▸ Task
Only lines holding the word "BEARING" should be copied from the material.

▸ Dataset entries
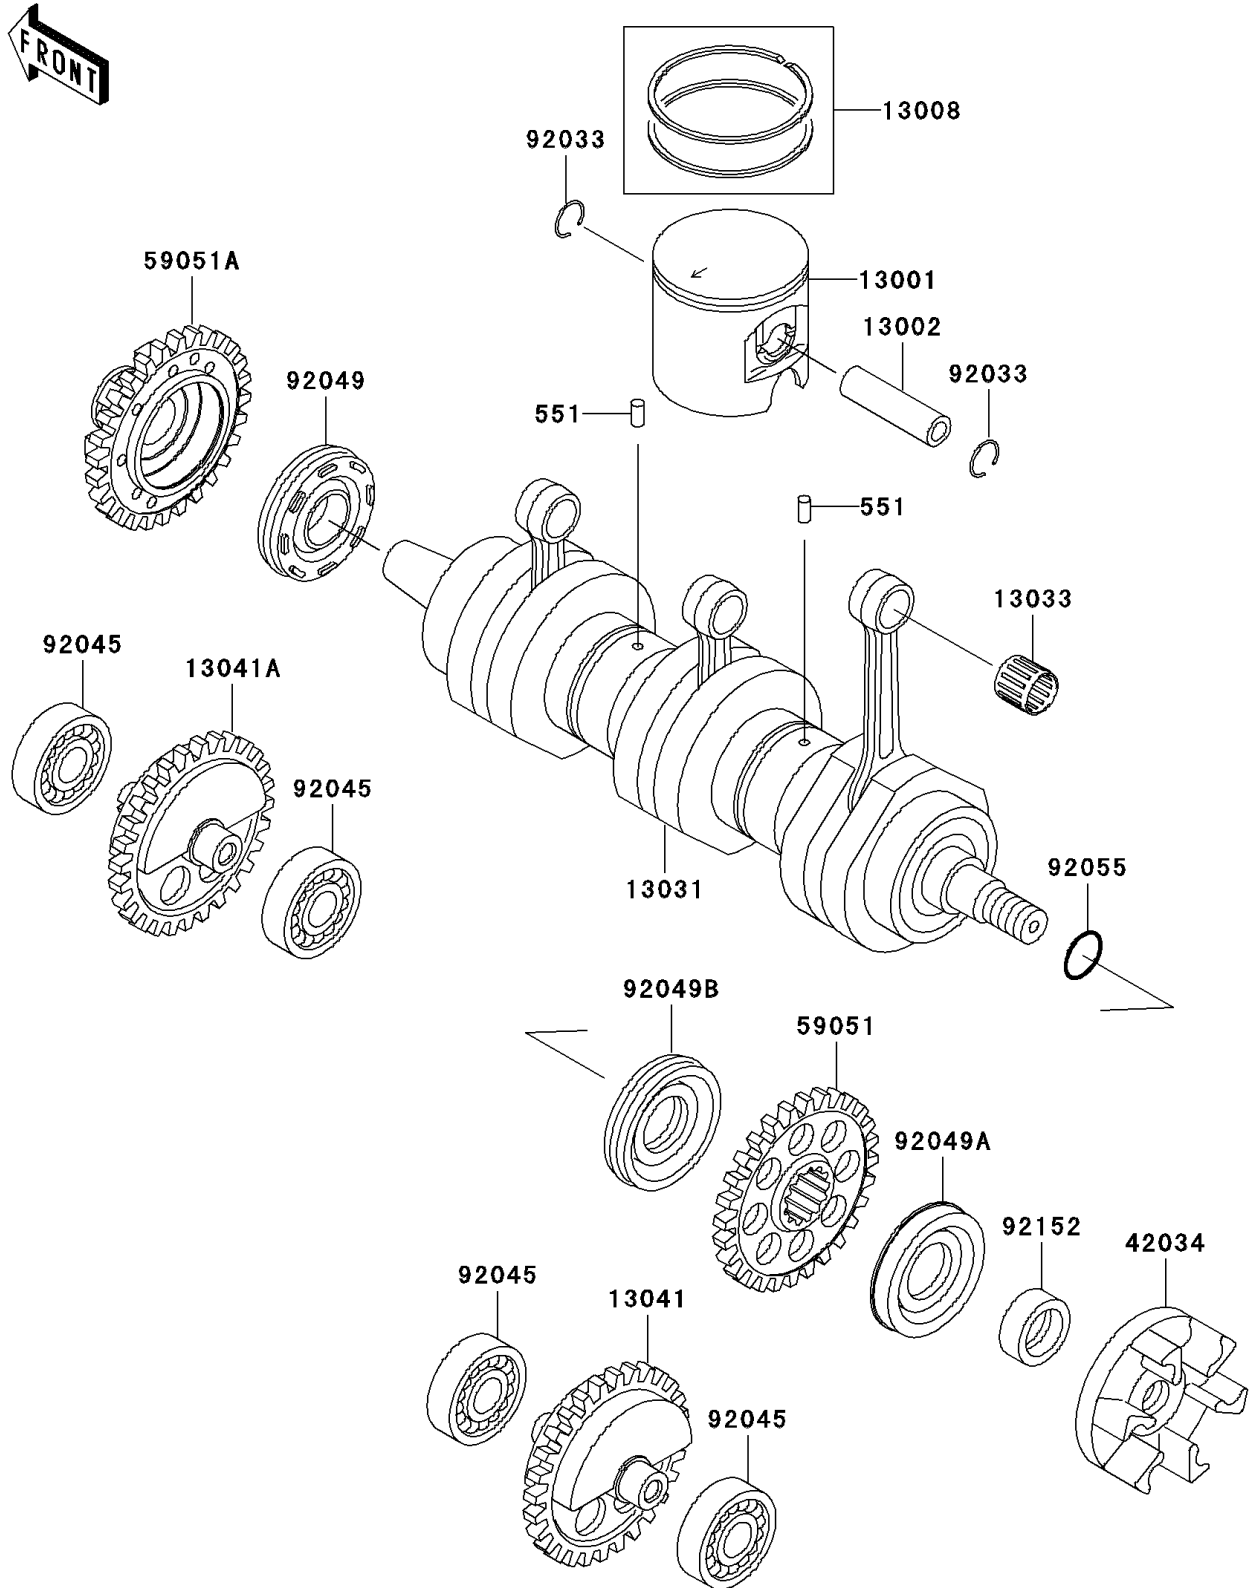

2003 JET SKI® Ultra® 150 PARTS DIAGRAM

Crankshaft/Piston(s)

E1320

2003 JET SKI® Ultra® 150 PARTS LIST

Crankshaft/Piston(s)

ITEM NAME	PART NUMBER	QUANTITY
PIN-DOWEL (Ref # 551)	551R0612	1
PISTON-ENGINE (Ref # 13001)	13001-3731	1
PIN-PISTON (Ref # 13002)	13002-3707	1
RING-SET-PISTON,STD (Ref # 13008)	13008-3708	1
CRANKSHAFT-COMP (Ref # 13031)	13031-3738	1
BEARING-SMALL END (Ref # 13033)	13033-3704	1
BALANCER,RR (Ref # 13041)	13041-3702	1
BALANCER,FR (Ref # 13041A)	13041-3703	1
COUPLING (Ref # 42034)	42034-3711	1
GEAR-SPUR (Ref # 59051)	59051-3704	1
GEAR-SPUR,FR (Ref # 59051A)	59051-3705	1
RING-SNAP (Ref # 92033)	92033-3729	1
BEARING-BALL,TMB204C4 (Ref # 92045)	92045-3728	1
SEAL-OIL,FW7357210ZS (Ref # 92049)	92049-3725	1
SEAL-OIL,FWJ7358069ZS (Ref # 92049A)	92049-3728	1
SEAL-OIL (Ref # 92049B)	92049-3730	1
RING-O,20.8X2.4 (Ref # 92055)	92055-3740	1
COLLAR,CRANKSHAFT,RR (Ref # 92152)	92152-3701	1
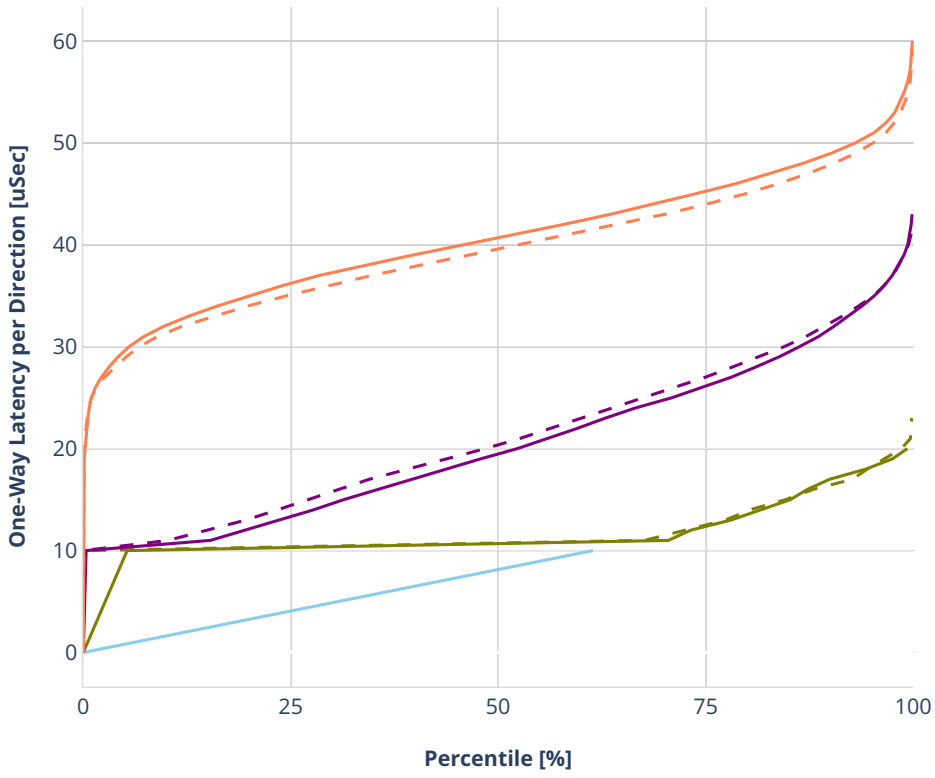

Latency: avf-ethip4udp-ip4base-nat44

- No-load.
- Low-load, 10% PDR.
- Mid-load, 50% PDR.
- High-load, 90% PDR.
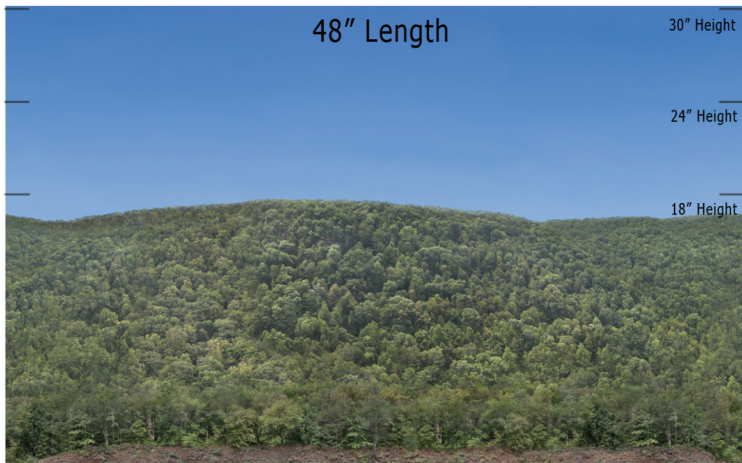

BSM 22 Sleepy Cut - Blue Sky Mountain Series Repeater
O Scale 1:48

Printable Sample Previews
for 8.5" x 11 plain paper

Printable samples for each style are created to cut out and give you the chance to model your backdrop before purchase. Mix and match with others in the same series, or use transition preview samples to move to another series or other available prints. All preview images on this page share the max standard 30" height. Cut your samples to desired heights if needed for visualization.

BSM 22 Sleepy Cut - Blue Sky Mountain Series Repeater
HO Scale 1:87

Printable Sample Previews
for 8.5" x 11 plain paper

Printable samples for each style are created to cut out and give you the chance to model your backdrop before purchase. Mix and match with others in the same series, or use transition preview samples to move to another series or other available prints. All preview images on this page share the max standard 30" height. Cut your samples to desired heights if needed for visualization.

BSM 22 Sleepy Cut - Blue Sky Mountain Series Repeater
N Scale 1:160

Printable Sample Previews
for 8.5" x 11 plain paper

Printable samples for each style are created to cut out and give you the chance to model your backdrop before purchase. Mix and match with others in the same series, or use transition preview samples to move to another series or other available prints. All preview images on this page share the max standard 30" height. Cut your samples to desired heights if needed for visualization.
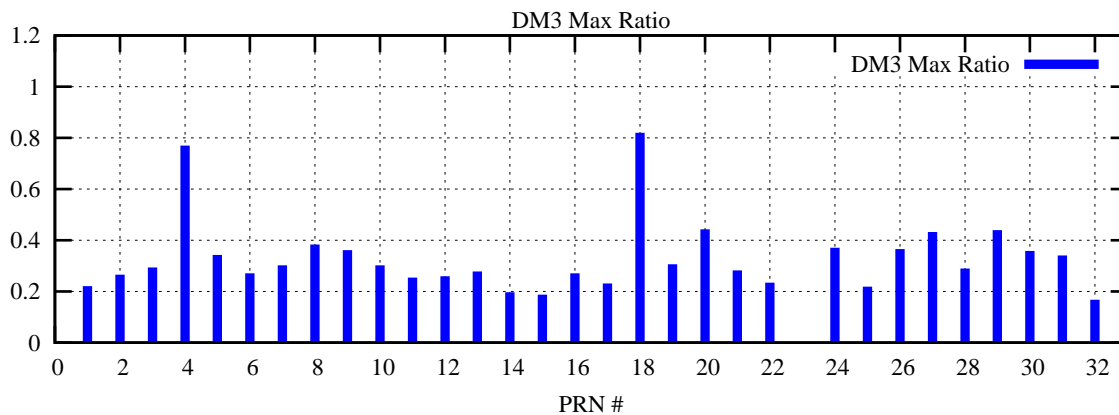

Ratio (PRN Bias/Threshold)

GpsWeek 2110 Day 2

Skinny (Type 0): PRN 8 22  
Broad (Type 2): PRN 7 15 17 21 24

▸ Response to this task
BEARING-SMALL END (Ref # 13033)	13033-3704	1
BEARING-BALL,TMB204C4 (Ref # 92045)	92045-3728	1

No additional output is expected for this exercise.